One of the novel aspects of SketchAgent is its ability to facilitate collaborative sketching with human participants. The paper provides evidence that sketches collaboratively produced by SketchAgent and human users yield high recognition accuracy, leveraging the strength of both the agent’s prior knowledge and the user’s creative intent. This demonstrates a potent combination of human-machine interaction that could have practical implications in creative industries, education, and design, where iterative and collaborative sketching is valued.
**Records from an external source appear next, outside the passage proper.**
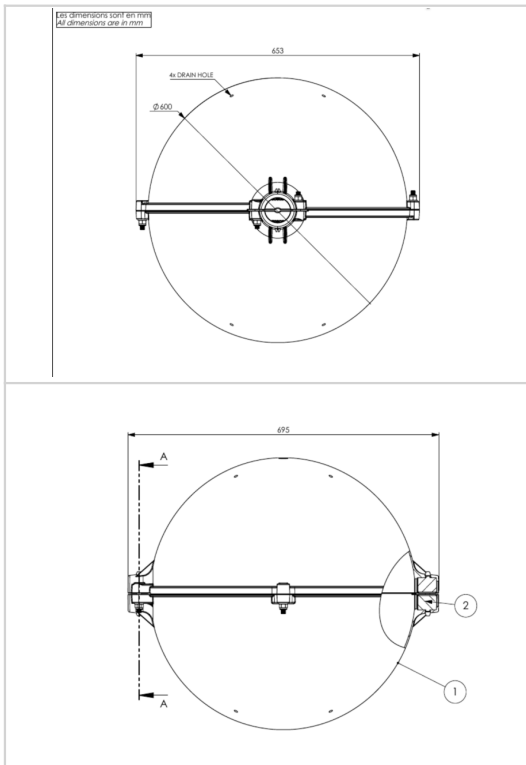

Ces sphères de balisage sont destinées au balisage diurne des câbles aériens. Elles sont conformes aux recommandations du chapitre 6 de l'OACI (Organisation de l'Aviation Civile Internationale). Elles sont utilisées sur les câbles de garde, les câbles de pylône haubanés, mât

- ✦ diamètre 600mm
- ✦ matière: polyéthylène
- ✦ couleur rouge, blanche ou orange aviation selon l'OACI (Annexe 14 du chapitre 6 de l'Organisation de l'Aviation Civile Internationale)
- ✦ mâchoire pour câble de garde ou OPGW
- ✦ montage rapide avec 6 écrous seulement

Caractéristiques Mécaniques	
Diamètre de câble	Ø30,5-36,5mm
Température de fonctionnement	-50/+80°C
Couleur	Blanche
Poids	4kg
Normes	
Conformité aux normes	OACI annexe 14 chapitre 6 (8ième édition 07/2018), EASA, STAC

Furthermore, the chat-based sketch editing feature demonstrates SketchAgent’s capability to perform fine adjustments and additions to sketches in response to textual instructions. This allows for an iterative process of refinement that aligns closely with how human artists might revise their work.

However, the paper acknowledges limitations, such as challenges in rendering detailed human figures and overfitting to ICL prompts. These limitations offer valuable insights into potential avenues for future work, including enhancing the visual reasoning capabilities of LLMs and refining the pipeline to support a wider range of complex visual tasks.

In conclusion, SketchAgent exemplifies a significant step forward in leveraging multimodal LLMs for sketch generation. By embracing the dynamic nature of human sketching, it opens new avenues for AI applications in creative domains and sets a foundation for future advancements in AI-driven visual communication and interaction. The research thus holds potential to inspire further developments in user-centered AI tools that support creative expression and collaboration across diverse fields.